Aim of the task – Once the line with "- **Colour:** White" is found in the entries below, print it and each following line exactly, stopping after the line with "Κωδικός 8007352731400"; print nothing else.

Segment Open

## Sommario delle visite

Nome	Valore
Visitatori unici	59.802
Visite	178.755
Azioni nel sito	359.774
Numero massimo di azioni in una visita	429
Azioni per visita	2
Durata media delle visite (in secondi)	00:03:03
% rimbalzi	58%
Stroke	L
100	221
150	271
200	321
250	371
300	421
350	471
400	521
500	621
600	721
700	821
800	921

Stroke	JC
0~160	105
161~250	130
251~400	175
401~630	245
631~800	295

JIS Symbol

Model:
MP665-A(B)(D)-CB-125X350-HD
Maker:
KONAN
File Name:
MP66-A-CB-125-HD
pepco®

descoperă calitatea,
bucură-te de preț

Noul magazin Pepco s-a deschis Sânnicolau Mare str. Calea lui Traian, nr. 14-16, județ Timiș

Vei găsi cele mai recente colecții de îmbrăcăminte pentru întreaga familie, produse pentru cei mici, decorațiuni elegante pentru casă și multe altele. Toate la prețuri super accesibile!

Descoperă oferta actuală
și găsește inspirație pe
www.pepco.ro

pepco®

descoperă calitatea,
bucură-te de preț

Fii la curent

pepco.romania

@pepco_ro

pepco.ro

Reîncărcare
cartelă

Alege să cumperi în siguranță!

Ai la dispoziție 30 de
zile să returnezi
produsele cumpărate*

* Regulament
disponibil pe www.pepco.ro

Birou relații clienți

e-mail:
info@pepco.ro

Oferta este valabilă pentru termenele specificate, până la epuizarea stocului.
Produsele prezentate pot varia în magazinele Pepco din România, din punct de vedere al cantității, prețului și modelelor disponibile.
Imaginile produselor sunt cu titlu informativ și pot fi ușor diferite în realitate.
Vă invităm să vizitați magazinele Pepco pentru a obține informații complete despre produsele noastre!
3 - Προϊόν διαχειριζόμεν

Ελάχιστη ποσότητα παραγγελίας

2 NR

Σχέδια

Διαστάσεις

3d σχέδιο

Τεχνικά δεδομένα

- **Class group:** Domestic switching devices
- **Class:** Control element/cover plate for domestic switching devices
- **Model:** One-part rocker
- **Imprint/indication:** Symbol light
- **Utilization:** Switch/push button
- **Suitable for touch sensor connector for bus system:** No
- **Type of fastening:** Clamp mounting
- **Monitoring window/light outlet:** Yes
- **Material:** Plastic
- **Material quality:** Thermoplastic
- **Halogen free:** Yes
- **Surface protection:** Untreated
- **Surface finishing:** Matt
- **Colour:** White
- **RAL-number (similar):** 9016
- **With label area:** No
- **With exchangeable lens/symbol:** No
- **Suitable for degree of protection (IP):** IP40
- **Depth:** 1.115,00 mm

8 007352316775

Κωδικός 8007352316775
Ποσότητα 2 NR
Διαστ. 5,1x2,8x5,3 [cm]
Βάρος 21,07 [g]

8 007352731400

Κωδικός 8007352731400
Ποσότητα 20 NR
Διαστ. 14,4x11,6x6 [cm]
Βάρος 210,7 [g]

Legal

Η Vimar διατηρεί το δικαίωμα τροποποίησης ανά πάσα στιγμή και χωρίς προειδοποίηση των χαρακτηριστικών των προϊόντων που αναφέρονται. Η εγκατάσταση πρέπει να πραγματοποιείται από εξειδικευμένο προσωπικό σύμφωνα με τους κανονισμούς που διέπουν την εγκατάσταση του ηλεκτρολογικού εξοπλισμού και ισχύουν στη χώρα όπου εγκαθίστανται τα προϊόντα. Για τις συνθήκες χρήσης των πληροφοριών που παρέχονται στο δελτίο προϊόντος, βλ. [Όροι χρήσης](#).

Segment Closed
Segment Open

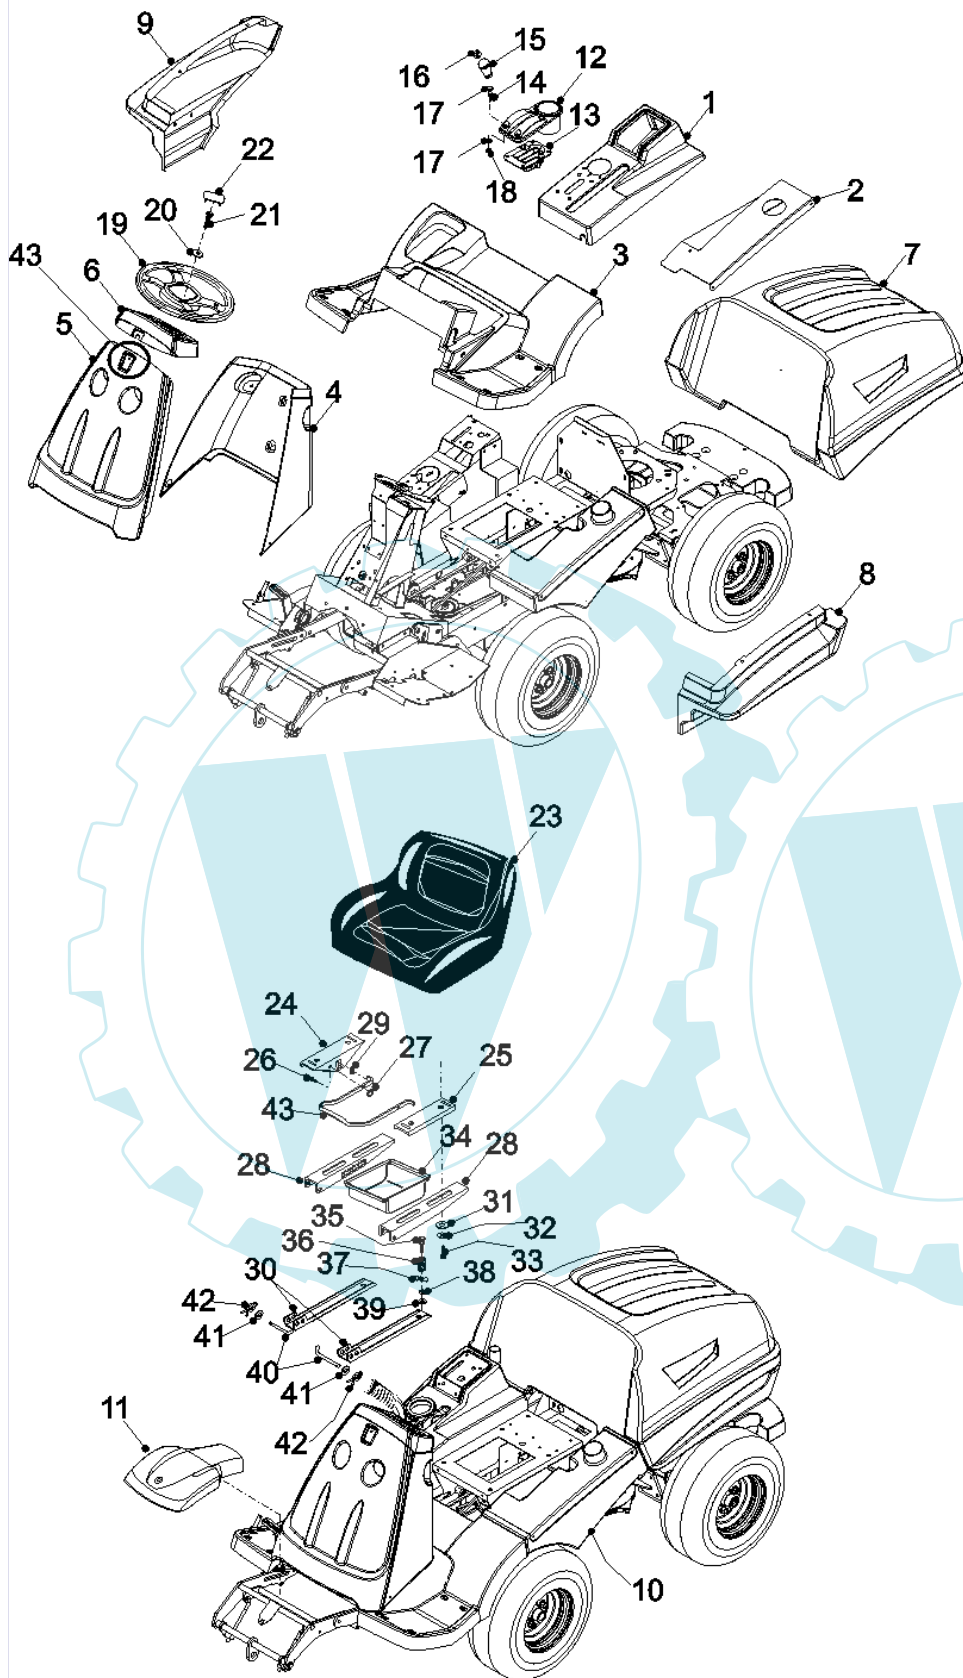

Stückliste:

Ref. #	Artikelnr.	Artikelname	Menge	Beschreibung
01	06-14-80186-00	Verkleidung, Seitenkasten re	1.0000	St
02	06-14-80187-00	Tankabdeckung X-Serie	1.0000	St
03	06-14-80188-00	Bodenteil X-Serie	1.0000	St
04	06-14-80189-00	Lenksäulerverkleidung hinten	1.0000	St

Segment Closed
Segment Open

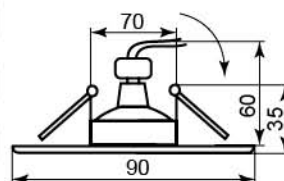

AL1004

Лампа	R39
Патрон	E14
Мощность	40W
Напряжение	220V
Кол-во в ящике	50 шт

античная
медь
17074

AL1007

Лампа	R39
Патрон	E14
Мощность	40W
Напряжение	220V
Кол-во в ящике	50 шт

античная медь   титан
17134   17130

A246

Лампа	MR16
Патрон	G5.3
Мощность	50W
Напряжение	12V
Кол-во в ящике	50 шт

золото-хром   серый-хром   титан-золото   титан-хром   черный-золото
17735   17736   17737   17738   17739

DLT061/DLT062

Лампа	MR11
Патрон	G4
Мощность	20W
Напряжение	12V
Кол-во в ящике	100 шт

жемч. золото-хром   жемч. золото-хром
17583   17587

Segment Closed

Solution for this task –
- **Colour:** White
- **RAL-number (similar):** 9016
- **With label area:** No
- **With exchangeable lens/symbol:** No
- **Suitable for degree of protection (IP):** IP40
- **Depth:** 1.115,00 mm

8 007352316775

Κωδικός 8007352316775
Ποσότητα 2 NR
Διαστ. 5,1x2,8x5,3 [cm]
Βάρος 21,07 [g]

8 007352731400

Κωδικός 8007352731400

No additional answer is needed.